Clinical phase I trial of MTH1 inhibitors for cancer treatment
| Reference number | |
| Coordinator | Karolinska Institutet - Institutionen för medicinsk biokemi och biofysik |
| Funding from Vinnova | SEK 5 000 000 |
| Project duration | November 2014 - January 2018 |
| Status | Completed |
Important results from the project
The overall aim is to develop and commercialize a novel anticancer treatment. We have identified and developed inhibitors against the enzyme MTH1 and developed a clinical candidate, Karonudib. Karonudib was shown to be well tolerated, oral available, and was approved by Medical Product Agency and Regional Ethical Committe to be tested in clinical phase 1 study with the aim to investigate tolerance and safety and determine recommended phase 2 dose in patients with advanced solid malignancies. IPR is secured. The subgoals of the project have been fulfilled.
Expected long term effects
Preclinical studies required by regulatory authorities have been performed, reported and scrutinized by Medical Products Agency and Regional Ethical Committe before approval and initiation of clinical phase 1 study using Karonudib. In discussions with Big Pharma , we have obtained information on Pharma´s requirements on clinical candidates. This information has been taken into consideration when developing the project. Next step is to perform a proof of concept Phase II study, and re-establish the contact with Big Pharma to continue the clinical development all the way to market.
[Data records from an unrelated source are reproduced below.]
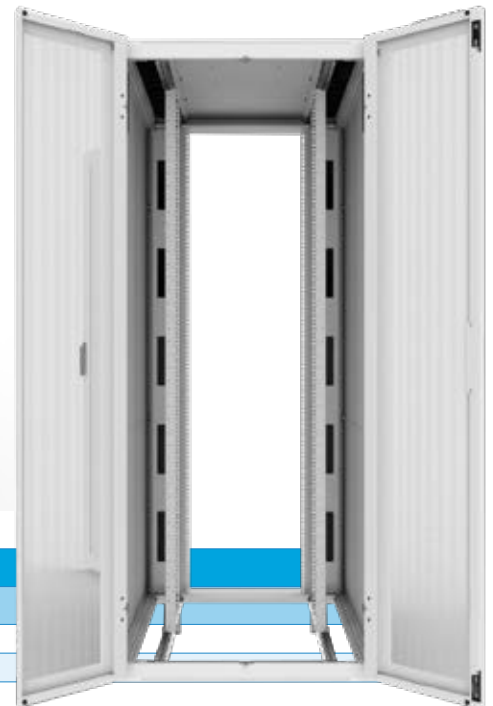

De **NEXPAND-NETWERKKAST** wordt samengesteld met de toenemende kabeldichtheid per kast in het achterhoofd, terwijl u ook profiteert van alle Nexpanse-features, zoals de compatibiliteit met accessoires en de degelijkheid en slimheid van deze oplossing. De kasten kunnen worden geconfigureerd op verschillende hoogten met een consistente breedte van 800 mm en een consistente diepte van 1200 mm, zodat de kabeloplossing de ruimte krijgt die hij nodig heeft.

SPECIFICATIES

Afmetingen:

Hoogte	HE	42, 47 of 52
Hoogte	mm	1978, 2200 of 2422 mm
Breedte	mm	800
Diepte	mm	1200

Algemeen:

Kleur	Alle kasten zijn verkrijgbaar in RAL 9003 (wit) en sommige ook in RAL 9005 (zwart)	
Statische belastbaarheid	kg	1500
Aarding	Volledig geaard met centraal aardingspunt	
IP-klasse	IP20	
Normen	IEC-60297-3-109; IEC-60297-3-100	
	IEC-61587-1;	
	milieu: C1, A1; statische belastbaarheid LT1, ST1, NL5	

Interieur:

19 inch-profielen	stuks	4 • staal, gepoedercoat
Verstelbaarheid (diepte)	Traploze verstelbaarheid met dieptemarkering	
Verstelbaarheid (breedte)	Traploze verstelbaarheid	
HE-markering	1e HE onderaan	
Positie, voorste profielen	Voorgemonteerd, 200 vanaf de voorkant van de deur	
Positie, achterste profielen	Voorgemonteerd met een tussenafstand van 740 mm	

Frame:

Materiaal	Aluminium extrusies
Afwerking	Gepoedercoat

Sluiting voor/achter:

Deur voor	80% geperforeerde enkeldeur
Deur achter	80% geperforeerde dubbeldeur
Beveiliging	Zwenkhevel Fix-easy 2-punts met EK-333-cilinderslot of -combinatieslot
Materiaal	Staal
Afwerking	Gepoedercoat
Scharnieren	Omkeerbaar en snelle plaatsing • Max. rotatiegraad 260° (stand-alone)

Zijpaneel:

Materiaal	Staal
Afwerking	Gepoedercoat

Dak:

Modulariteit	Modulaire inlegmodules per 100 mm
Inlegmodules:	Links & rechts: blinde afdekplaten en borstels
	Midden: blinde afdekplaat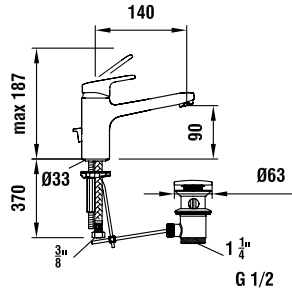

31195.1.004.121.1

Umyvadlová stojánková páková baterie s výtokem 140 mm, kartuše Ecototal, s automatickou výpustí

31195.1.004.120.1

Totéž co výše, bez automatické výpusti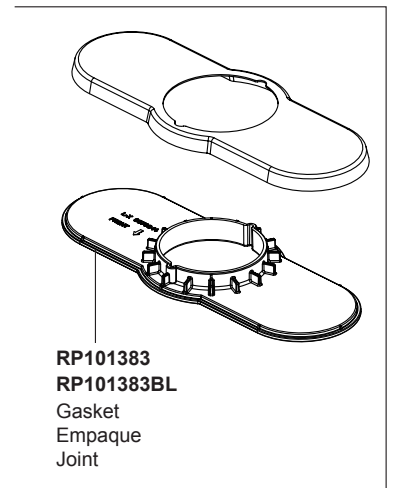

**RP101387▲**  
Handle Assembly  
Conjunto de manija  
Montage de la manette

**RP100137▲**  
Push Pop-UP with Overflow  
Control de rebose para  
desagües manuales  
Mécanique à pousser avec trop-plein

**RP101016**  
Mounting Kit  
Juego de piezas para la instalación  
Kit de montage

**RP63207**  
Zinc Weights and Screws  
Pesas de Cinc y Tornillos  
Poids en plomb et vis

**RP101383**  
**RP101383BL**  
Gasket  
Empaque  
Joint

**RP101384▲**  
Escutcheon & Gasket (3 Hole)  
Chapetón y Empaque (3 agujeros)  
Boîtier et Joint (3 trous)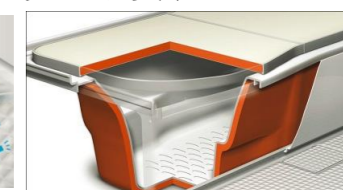

- ステンレスジャンボシンク
- シロッコファン

- 不燃吊戸棚
- アイレベルサポートラック

システムバス

- くるりんぽい
- サーモバスタイト

- 握りバー
- ワンブッシュワンウェイ水栓

- 常時換気機能付き
- 換気乾燥暖房機

洗面化粧台

- スクエアフォルム
- 壁付シャワー水栓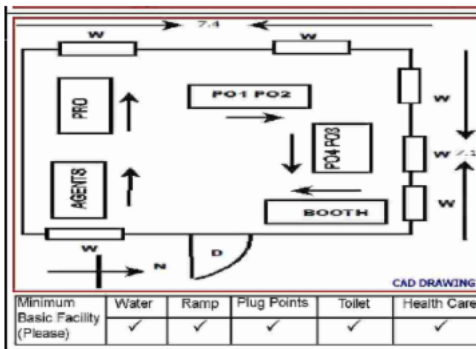

Google Map View

Polling Station Building Front View

Polling Station Front View

Cad View

Key MAP View

1 பெயர் : பாலு தந்தை பெயர்: ராசுத்தேவர் வீட்டு எண் : 1 வயது : 57 பாலினம் : ஆண் Photo is available	LJX1543982	2 பெயர் : கலைமணி தந்தை பெயர்: ராசுத்தேவர் வீட்டு எண் : 1 வயது : 51 பாலினம் : ஆண் Photo is available	LJX1543974	3 பெயர் : ஜெயபாரதி கணவர் பெயர்: பாலு வீட்டு எண் : 1 வயது : 48 பாலினம் : பெண் Photo is available	LJX2539351
4 பெயர் : ஆனந்தன் தந்தை பெயர்: கோபால் வீட்டு எண் : 2 வயது : 53 பாலினம் : ஆண் Photo is available	LJX1543966	5 பெயர் : உமா கணவர் பெயர்: பழனியப்பன் வீட்டு எண் : 2 வயது : 50 பாலினம் : பெண் Photo is available	TCL0003624	6 பெயர் : தமிழ்மணி தந்தை பெயர்: கோபால் வீட்டு எண் : 2 வயது : 50 பாலினம் : ஆண் Photo is available	TCL1194661
7 பெயர் : ராஜிவிதா தந்தை பெயர்: பாஸ்கரன் வீட்டு எண் : 3-2 வயது : 33 பாலினம் : பெண் Photo is available	TCL0596346	8 பெயர் : மதன்பாபு தாயின் பெயர்: தாமரைச்செல்வி வீட்டு எண் : 3/3பீ வயது : 26 பாலினம் : ஆண் Photo is available	TCL2061802	9 பெயர் : சிவக்குமார் தாயின் பெயர்: வீராபீ வீட்டு எண் : 3(3எீ வயது : 45 பாலினம் : ஆண் Photo is available	TCL2061794
10 பெயர் : காவியா தந்தை பெயர்: முத்துராமன் வீட்டு எண் : 3/7ஏ-2 வயது : 23 பாலினம் : பெண் Photo is available	TCL1939966	11 பெயர் : கனிமொழி தந்தை பெயர்: முத்துராமன் வீட்டு எண் : 3/7 ஏ2 வயது : 25 பாலினம் : பெண் Photo is available	TCL1939982	12 பெயர் : மகேஸ்வரி கணவர் பெயர்: முருகன் வீட்டு எண் : 3-9C வயது : 42 பாலினம் : பெண் Photo is available	TCL0155341
13 பெயர் : கார்த்திகேயன் தந்தை பெயர்: பூனிவாசன் வீட்டு எண் : 3-15 வயது : 45 பாலினம் : ஆண் Photo is available	TCL0418970	14 பெயர் : நாகலெட்சுமி தாயின் பெயர்: காளியம்மன் வீட்டு எண் : 3-15 வயது : 35 பாலினம் : பெண் Photo is available	TCL0103382	15 பெயர் : மணிமாறன் தந்தை பெயர்: பன்னீர் செல்வம் வீட்டு எண் : 3-15 வயது : 30 பாலினம் : ஆண் Photo is available	TCL0596221
16 பெயர் : இளமாறன் தந்தை பெயர்: பன்னீர் செல்வம் வீட்டு எண் : 3/15 வயது : 27 பாலினம் : ஆண் Photo is available	TCL1940279	17 பெயர் : ரம்யா கணவர் பெயர்: மணிராஜன் வீட்டு எண் : 3-15C வயது : 31 பாலினம் : பெண் Photo is available	TCL0928051	18 பெயர் : சக்திவேல் தந்தை பெயர்: குமரவேல் வீட்டு எண் : 3-16 வயது : 39 பாலினம் : ஆண் Photo is available	TCL0870774
19 பெயர் : சுப்புலெட்சுமி கணவர் பெயர்: சோமசுந்தரம் வீட்டு எண் : 3/16 சி வயது : 41 பாலினம் : பெண் Photo is available	TCL1939727	20 பெயர் : ஹரிஹரன் தந்தை பெயர்: பெரியசாமி வீட்டு எண் : 3-26 வயது : 27 பாலினம் : ஆண் Photo is available	TCL1164813	21 பெயர் : புனிதா கணவர் பெயர்: காமராஜன் வீட்டு எண் : 3-26C வயது : 33 பாலினம் : பெண் Photo is available	TCL0596163
22 பெயர் : பூங்கொடி கணவர் பெயர்: ரவிச்சந்திரன் வீட்டு எண் : 3-27 வயது : 45 பாலினம் : பெண் Photo is available	TCL0596155	23 பெயர் : ரவிச்சந்திரன் தந்தை பெயர்: குழந்தைச்சாமி வீட்டு எண் : 3-27 வயது : 41 பாலினம் : ஆண் Photo is available	TCL0596148	# 24 பெயர் : நாகராஜன் அசோக்குமார் தந்தை பெயர்: நாகராஜன் வீட்டு எண் : 3/42A வயது : 27 பாலினம் : ஆண் Photo is available	TCL1831197
25 பெயர் : உஷா கணவர் பெயர்: செந்தில்குமார் வீட்டு எண் : 3-81 வயது : 35 பாலினம் : பெண் Photo is available	TCL0596650	26 பெயர் : சங்கீதா கணவர் பெயர்: காந்திராஜ் வீட்டு எண் : 3/81 வயது : 28 பாலினம் : பெண் Photo is available	TCL1831304	27 பெயர் : ஜமால்முஹமது தந்தை பெயர்: முகமது பாவா வீட்டு எண் : 3-82 வயது : 70 பாலினம் : ஆண் Photo is available	TCL1164482
28 பெயர் : சித்ரா கணவர் பெயர்: முத்துமணி வீட்டு எண் : 3-160-1 வயது : 37 பாலினம் : பெண் Photo is available	TCL0870766	29 பெயர் : முகமது ஷரீப் சையது கனி தந்தை பெயர்: முகமது ஷரீப் வீட்டு எண் : 3-161 வயது : 63 பாலினம் : ஆண் Photo is available	TCL0771840	30 பெயர் : சதிஷ் தந்தை பெயர்: ராஜேந்திரன் வீட்டு எண் : 3-303 வயது : 33 பாலினம் : ஆண் Photo is available	TCL0707042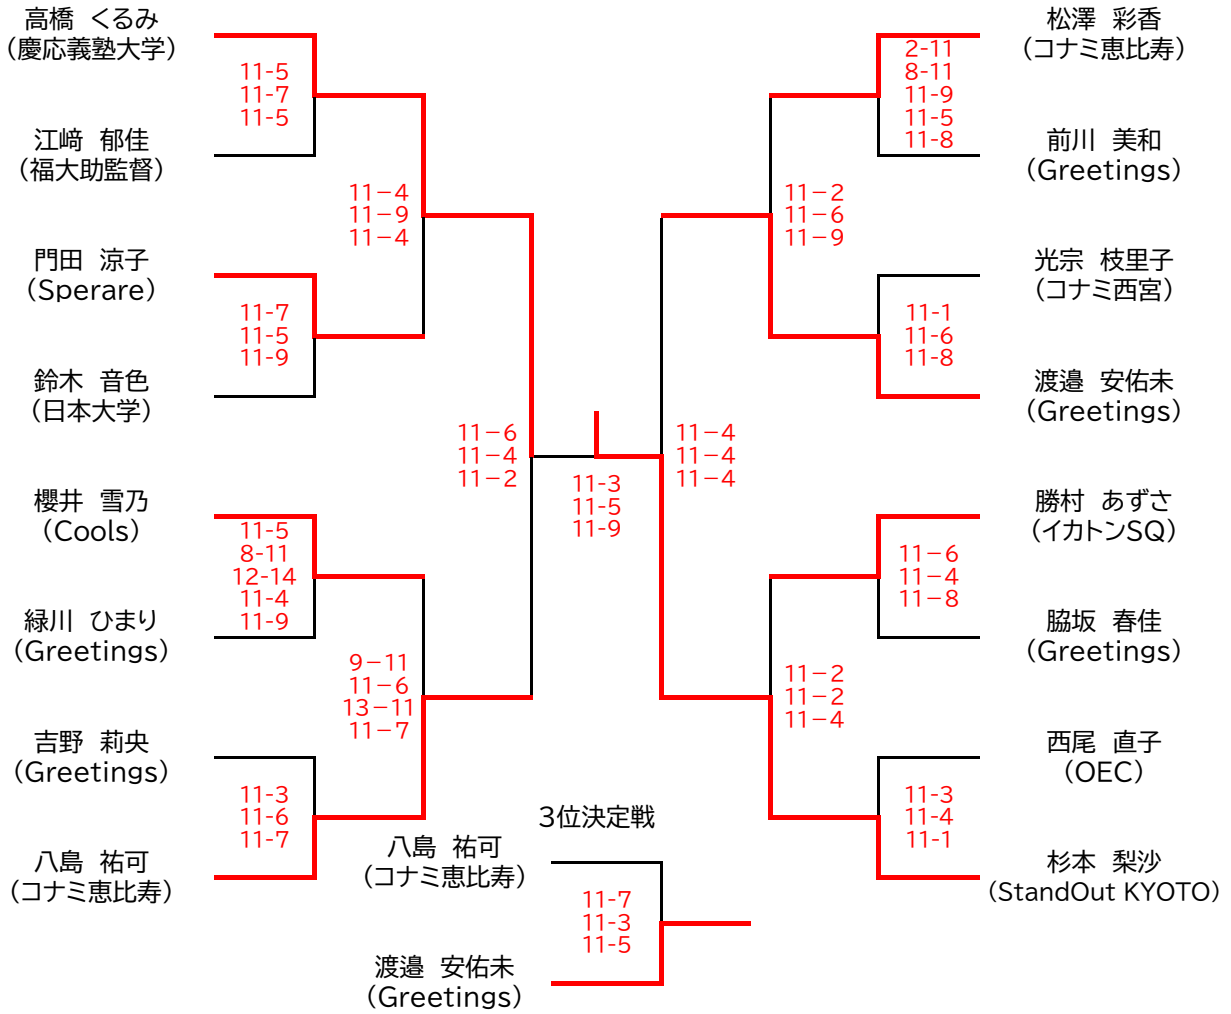

選手権女子本戦

7/20(日) 7/21(月・祝) 7/20(日)

選手権男子本戦

7/20(日)

7/21(月・祝)

7/20(日)

選手権女子予選 7/19(土)

選手権男子予選(1/2) 7/19(土)

選手権男子予選(2/2) 7/19(土)

試合は、すべて3ゲームスマッチで行います。

### Men's Friendship

7/20(日)

7/21(月・祝)

7/20(日)

試合は、すべて3ゲームスマッチで行います。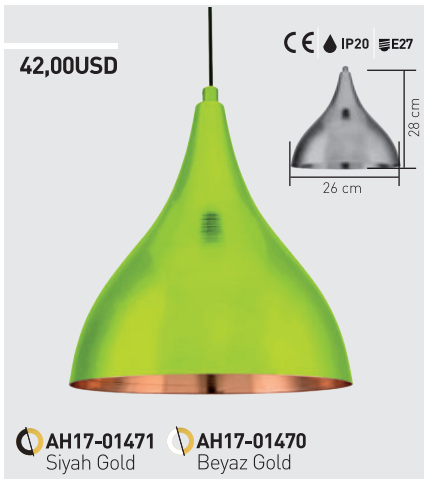

Dekoratif Sarkıt Armatürler ve Aplikler

Decorative Pendant Fixtures, Apliques

ACK

Dekoratif Sarkıt armatür ve apliklerde özel renk talepleriniz için lütfen iletişime geçiniz.

Approach and implementation
Big Pharma was contacted early on in the project to obtain their view on the science, project plan, clinical candidate requirements. We secured IPR and established a business strategy. In parallel, the preclinical development was performed including e.g. pharmacology, safety assessment, formulation, clinical protocol design. Most of the studies were performed according to the original plan with some few adjustments and amendments.